WORK REQUEST.
Your answer consists of the lines in the data that contain "Leuchtmittel". Copy each of them.

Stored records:

=-=-=

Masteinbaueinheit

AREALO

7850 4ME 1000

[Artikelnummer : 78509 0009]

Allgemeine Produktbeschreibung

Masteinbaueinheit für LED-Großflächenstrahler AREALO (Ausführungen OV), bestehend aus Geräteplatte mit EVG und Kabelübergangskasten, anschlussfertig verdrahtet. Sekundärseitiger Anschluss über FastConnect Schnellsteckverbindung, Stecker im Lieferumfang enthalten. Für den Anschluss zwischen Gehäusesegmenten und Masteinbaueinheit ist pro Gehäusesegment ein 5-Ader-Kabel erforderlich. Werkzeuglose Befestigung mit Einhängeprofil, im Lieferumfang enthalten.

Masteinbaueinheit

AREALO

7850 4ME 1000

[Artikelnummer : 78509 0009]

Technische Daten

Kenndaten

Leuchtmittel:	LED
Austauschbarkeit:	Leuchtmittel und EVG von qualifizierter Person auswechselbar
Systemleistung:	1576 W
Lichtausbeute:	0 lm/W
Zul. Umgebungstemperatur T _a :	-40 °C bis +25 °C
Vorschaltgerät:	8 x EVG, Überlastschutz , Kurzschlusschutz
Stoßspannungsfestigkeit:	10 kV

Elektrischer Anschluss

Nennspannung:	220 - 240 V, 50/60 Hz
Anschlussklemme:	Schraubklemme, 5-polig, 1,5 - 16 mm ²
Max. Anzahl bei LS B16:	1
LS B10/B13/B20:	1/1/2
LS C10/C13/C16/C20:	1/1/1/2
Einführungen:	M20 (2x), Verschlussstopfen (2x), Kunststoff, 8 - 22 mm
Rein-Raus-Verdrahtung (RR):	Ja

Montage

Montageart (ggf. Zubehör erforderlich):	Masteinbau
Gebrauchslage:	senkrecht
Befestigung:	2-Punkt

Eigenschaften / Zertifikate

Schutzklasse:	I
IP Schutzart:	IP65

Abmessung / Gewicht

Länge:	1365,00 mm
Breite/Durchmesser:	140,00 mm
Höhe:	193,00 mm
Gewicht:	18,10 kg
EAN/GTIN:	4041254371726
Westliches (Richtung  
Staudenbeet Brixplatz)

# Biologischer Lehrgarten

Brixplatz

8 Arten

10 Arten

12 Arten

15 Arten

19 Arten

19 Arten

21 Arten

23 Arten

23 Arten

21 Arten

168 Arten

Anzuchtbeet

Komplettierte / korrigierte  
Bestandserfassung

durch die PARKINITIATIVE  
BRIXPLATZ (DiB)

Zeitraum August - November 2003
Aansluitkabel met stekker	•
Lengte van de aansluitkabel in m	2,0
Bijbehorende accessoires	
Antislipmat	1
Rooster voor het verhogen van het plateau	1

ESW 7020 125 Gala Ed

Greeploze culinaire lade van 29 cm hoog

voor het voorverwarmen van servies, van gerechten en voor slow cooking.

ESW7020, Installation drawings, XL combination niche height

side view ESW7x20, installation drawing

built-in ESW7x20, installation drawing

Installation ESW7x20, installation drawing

=-=-=

TASK RESPONSE.
Leuchtmittel:	LED
Austauschbarkeit:	Leuchtmittel und EVG von qualifizierter Person auswechselbar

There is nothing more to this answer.